# NCE power cab question



## FTWingRiders (Jan 13, 2017)

Hello all, I have a question about NCE power cab System. I just bought mine the other day and yesterday I hooked it up to my test track to try with my engines. I've bought a few steam and a couple diesel engines. I was able to program and run them all without issue.

Today I went, for the first time, to a local club I want to join and ran them all fine with my powercab. Lots of fun with a great bunch of guys. Came home tonight and tried them on my track, and suddenly they won't run. I tried to program them again, and now it won't see any cv code from the engines...

Does anybody have an idea of what might have changed?

Thanks! 
Forrest


----------



## thysell (Jun 8, 2013)

Which cable did you use to connect to the club layout?
Hopefully the coiled "phone" cord.
Which cable are you using when connecting to your test track?
Need to use the wide flat one when powering your test track otherwise power cab won't power up. Can't remember if you need to plug the flat wire into the left socket on the small panel?
Did you break a wire to the test track?
Does the power cab light up?


----------



## FTWingRiders (Jan 13, 2017)

Hey, sorry I forgot to add the details..

Yes, I used the flat cord in the left connector at home, and the coil cord at the club. Came home and The power cab works fine, but doesn't see the engine on the track at all, even when I try to program it again. 

Also now there is no light on the small panel.. is there a way to reset it? Nothing in the book talks about that.

It's weird, as it worked perfectly yesterday, I unplugged the power and the cab, used it at the club fine, then came home and just plugged it back in and it doesn't see any of the 4 engines now... 

I'm a noob, but that doesn't make sense to me...lol

Thanks for the help!!
Forrest


----------



## Cycleops (Dec 6, 2014)

That's a strange one. It appears you've done everything correctly. If the red light on the panel is not alight you have no power and or connectivity with your cab. Check you PS is giving an output. If your Powercab is not 'seeing' any of your locos it doesn't have a connection to the track. Try pushing the enter button several times to clear anything used at the club. Were you using consists at the club? These need to be cleared before operating your own trains.

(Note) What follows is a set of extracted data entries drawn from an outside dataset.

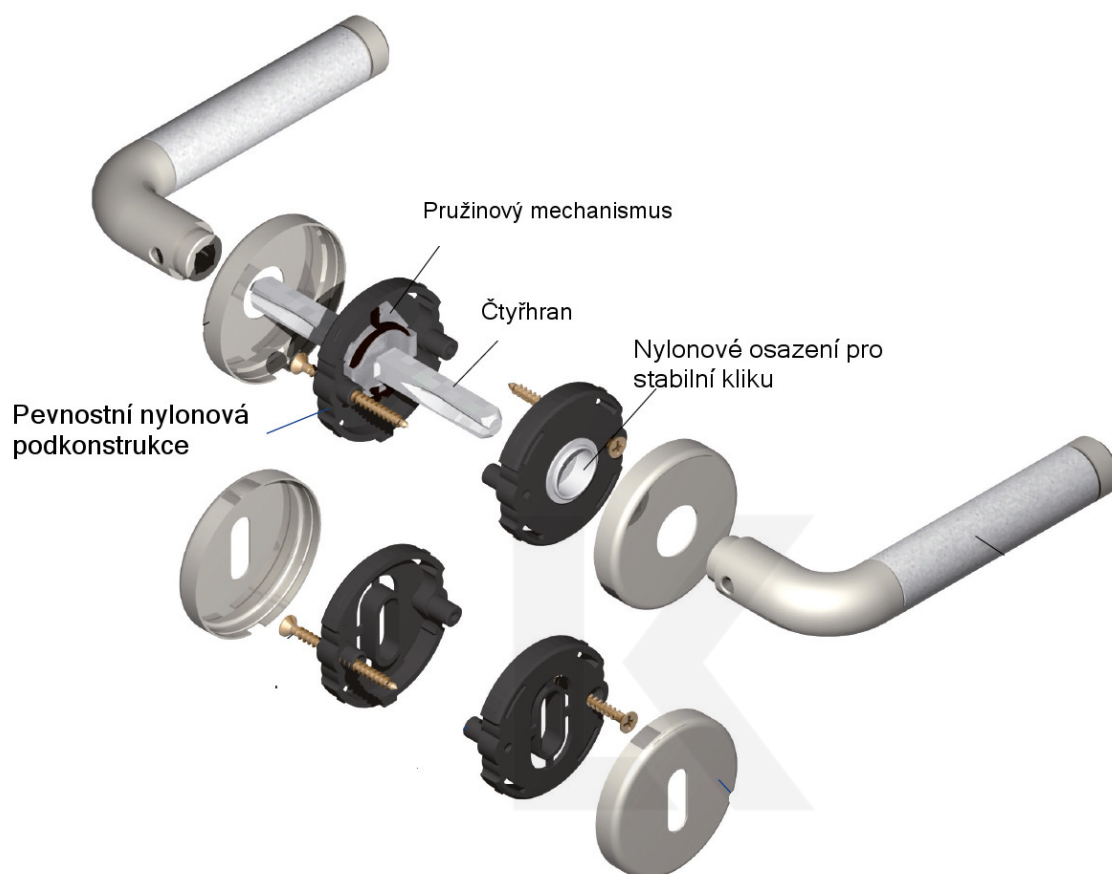

Vaše cena bez DPH

3 183 Kč

Vaše cena s DPH

3 851,43 Kč

Zobrazit produkt

TECHNICKÉ DETAILY

Other than that I don't have anything else. Best thing is to send an email to NCE and ask their advice.

Apparently your Cab must have a separate address to operate with multiple command stations. So if you were using it down at the club they may have given your unit a different address to operate with their station. Default is 02. Resetting is on P14 of the manual. Just a thought. If you were using it as just a throttle this may not apply.


----------



## gregc (Apr 25, 2015)

Cycleops said:


> Apparently your Cab must have a separate address to operate with multiple command stations. So if you were using it down at the club they may have given your unit a different address to operate with their station. Default is 02. Resetting is on P14 of the manual. Just a thought. If you were using it as just a throttle this may not apply.

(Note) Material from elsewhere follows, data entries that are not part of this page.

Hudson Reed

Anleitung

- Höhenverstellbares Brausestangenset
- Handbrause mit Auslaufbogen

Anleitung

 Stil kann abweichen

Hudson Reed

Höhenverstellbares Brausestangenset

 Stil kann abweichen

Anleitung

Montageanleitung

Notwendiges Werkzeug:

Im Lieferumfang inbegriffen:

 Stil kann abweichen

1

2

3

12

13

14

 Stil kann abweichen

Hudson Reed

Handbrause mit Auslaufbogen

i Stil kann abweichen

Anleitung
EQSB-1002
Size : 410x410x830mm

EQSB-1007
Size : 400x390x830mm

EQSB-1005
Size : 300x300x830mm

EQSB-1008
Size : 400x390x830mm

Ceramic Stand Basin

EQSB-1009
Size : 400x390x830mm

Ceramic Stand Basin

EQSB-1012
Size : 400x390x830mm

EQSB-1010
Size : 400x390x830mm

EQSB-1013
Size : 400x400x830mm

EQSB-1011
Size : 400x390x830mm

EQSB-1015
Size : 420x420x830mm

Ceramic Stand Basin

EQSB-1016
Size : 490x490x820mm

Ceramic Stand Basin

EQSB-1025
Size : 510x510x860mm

I think I had the same problem when I returned from the club after it was assigned a cab number on the club. I did something to make it work on my layout and it worked fine on both afterwards.


----------



## bewhole (Dec 31, 2016)

First check all your connections. You using the flat cable?? If all of that is ok then you can reset the cab to factory defaults by going here(This will wipe out everything you have set in the cab) So you would have to start over.
https://ncedcc.zendesk.com/hc/en-us/articles/201251979-Reset-Powercab-to-factory-defaults

Yes I had to reset mine a couple of times now.


----------



## FTWingRiders (Jan 13, 2017)

Well.. spent some time on it today.. figured out its seems to be a faulty power cord or panel. It was kind of a sloppy connection in the back of the panel, but I could get the power cab to light up and function but no power to the tracks. Couldn't get anything on the meter, even at the panel output. Then it worked for a few minutes, but then when I wasn't touching anything while a train was running.. it died. Finally the power cab screen just flashed on and off.. must be a faulty panel, is my guess.

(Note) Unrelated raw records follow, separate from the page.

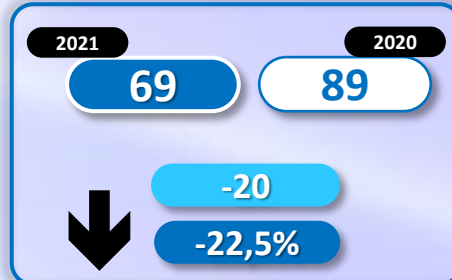

INFORME QUINCENAL | MINISTERIO DEL INTERIOR

INMIGRACIÓN IRREGULAR 2021

► DATOS ACUMULADOS DEL 1 ENERO AL 31 ENERO

GOBIERNO
DE ESPAÑA

MINISTERIO
DEL INTERIOR

Síguenos en

@interiorgob

TOTAL INMIGRANTES LLEGADOS A ESPAÑA POR VÍA MARÍTIMA Y TERRESTRE

► DATOS ACUMULADOS PROVISIONALES DESDE EL 1 ENERO AL 31 ENERO DE 2021 COMPARADOS CON EL MISMO PERÍODO DE 2020

+844

+35,6%

TOTAL INMIGRANTES LLEGADOS A ESPAÑA POR VÍA MARÍTIMA

► DATOS ACUMULADOS PROVISIONALES DESDE EL 1 ENERO AL 31 ENERO DE 2021 COMPARADOS CON EL MISMO PERÍODO DE 2020

+1.036

+55,8%

Número de embarcaciones

INMIGRANTES LLEGADOS A LA PENÍNSULA Y BALEARES POR VÍA MARÍTIMA

► DATOS ACUMULADOS PROVISIONALES DESDE EL 1 ENERO AL 31 ENERO DE 2021 COMPARADOS CON EL MISMO PERÍODO DE 2020

-335

-30,1%

Número de embarcaciones

INMIGRANTES LLEGADOS A CANARIAS POR VÍA MARÍTIMA

► DATOS ACUMULADOS PROVISIONALES DESDE EL 1 ENERO AL 31 ENERO DE 2021 COMPARADOS CON EL MISMO PERÍODO DE 2020

+1.357

+188,5%

Like to believe it's just my luck, as Ive heard good things about NCE.. between on line and the fact that the club uses the system.. My store where I bought it isn't open until Tuesday.. not sure whether to wait until then or try to contact NCE directly..

Thanks for all your help!
Forrest


----------



## tkruger (Jan 18, 2009)

FTWingRiders said:


> Well.. spent some time on it today.. figured out its seems to be a faulty power cord or panel. It was kind of a sloppy connection in the back of the panel, but I could get the power cab to light up and function but no power to the tracks. Couldn't get anything on the meter, even at the panel output. Then it worked for a few minutes, but then when I wasn't touching anything while a train was running.. it died. Finally the power cab screen just flashed on and off.. must be a faulty panel, is my guess.
> 
> Like to believe it's just my luck, as Ive heard good things about NCE.. between on line and the fact that the club uses the system.. My store where I bought it isn't open until Tuesday.. not sure whether to wait until then or try to contact NCE directly..
> 
> ...


You say the screen was flashing on and off? This is often a sign of a short. The unit will shut itself down and reboot if there is any short detected. Check for metal tools laying across the rails etc. Also make sure all of the wires are tightly connected.


----------



## alaska railroad (Oct 20, 2015)

It could also be a loose solder connection on the panel.


----------



## FTWingRiders (Jan 13, 2017)

First, a BIG thank you for everyones input and suggestions!!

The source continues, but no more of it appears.